BEGIN GIVEN RECORDS

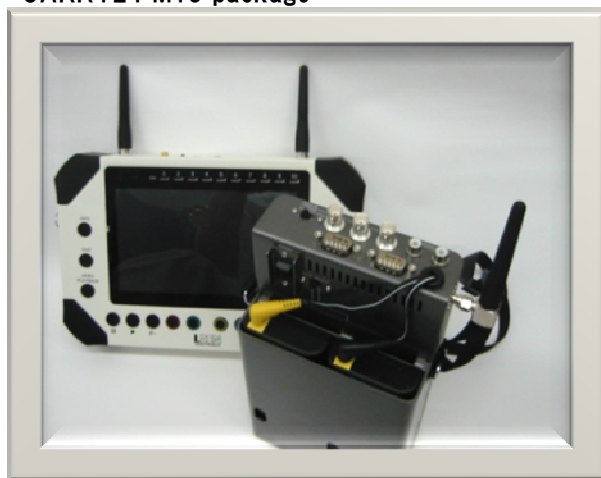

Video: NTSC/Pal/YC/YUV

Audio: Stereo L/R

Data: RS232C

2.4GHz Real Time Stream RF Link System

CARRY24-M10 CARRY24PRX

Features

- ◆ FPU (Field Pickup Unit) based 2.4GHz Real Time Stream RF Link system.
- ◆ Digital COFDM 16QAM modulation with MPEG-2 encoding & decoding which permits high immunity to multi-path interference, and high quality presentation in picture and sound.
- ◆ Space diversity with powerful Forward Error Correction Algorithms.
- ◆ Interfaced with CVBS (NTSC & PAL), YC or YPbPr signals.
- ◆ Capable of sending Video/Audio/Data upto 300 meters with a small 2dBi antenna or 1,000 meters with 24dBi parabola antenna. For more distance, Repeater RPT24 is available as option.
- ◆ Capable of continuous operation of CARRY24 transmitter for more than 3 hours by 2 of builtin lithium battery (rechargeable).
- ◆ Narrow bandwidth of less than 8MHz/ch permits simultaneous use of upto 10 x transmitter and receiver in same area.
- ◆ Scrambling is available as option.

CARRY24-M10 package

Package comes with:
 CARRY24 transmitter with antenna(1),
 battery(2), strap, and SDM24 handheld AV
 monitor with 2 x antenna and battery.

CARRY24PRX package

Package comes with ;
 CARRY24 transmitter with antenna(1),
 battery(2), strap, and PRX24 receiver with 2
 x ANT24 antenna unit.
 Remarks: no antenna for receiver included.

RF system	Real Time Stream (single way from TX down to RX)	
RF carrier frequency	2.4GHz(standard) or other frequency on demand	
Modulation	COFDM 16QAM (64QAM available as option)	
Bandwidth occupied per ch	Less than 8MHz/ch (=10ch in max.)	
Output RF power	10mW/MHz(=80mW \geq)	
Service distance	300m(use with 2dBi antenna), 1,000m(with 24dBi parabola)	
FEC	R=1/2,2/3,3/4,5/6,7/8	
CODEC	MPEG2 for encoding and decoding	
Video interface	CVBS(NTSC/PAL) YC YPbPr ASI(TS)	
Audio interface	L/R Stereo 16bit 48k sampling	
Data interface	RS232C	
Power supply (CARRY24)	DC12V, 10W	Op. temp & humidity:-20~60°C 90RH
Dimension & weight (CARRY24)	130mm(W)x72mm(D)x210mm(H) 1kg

END GIVEN RECORDS
BEGIN GIVEN RECORDS

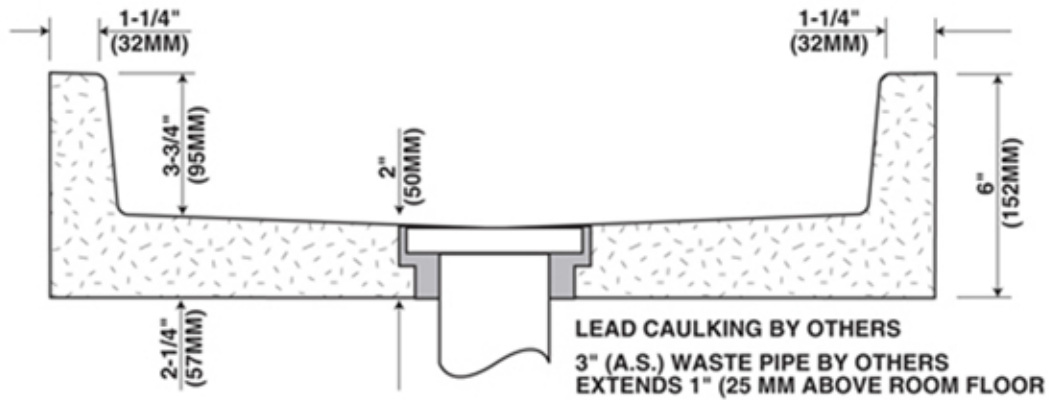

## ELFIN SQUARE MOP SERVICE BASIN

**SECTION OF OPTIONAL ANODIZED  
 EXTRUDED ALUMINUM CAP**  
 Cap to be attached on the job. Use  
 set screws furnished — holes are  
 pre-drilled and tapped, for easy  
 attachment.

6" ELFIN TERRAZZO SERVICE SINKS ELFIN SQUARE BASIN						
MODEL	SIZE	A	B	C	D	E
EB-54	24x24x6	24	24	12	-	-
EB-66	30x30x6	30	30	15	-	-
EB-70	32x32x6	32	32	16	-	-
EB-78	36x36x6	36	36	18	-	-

END GIVEN RECORDS

:: ACTIVITY ::
Whenever a line in the entries holds the word "parabola", copy that line.

:: ANSWER TO THE PROBLEM ::
- ◆ Capable of sending Video/Audio/Data upto 300 meters with a small 2dBi antenna or 1,000 meters with 24dBi parabola antenna. For more distance, Repeater RPT24 is available as option.
Service distance	300m(use with 2dBi antenna), 1,000m(with 24dBi parabola)	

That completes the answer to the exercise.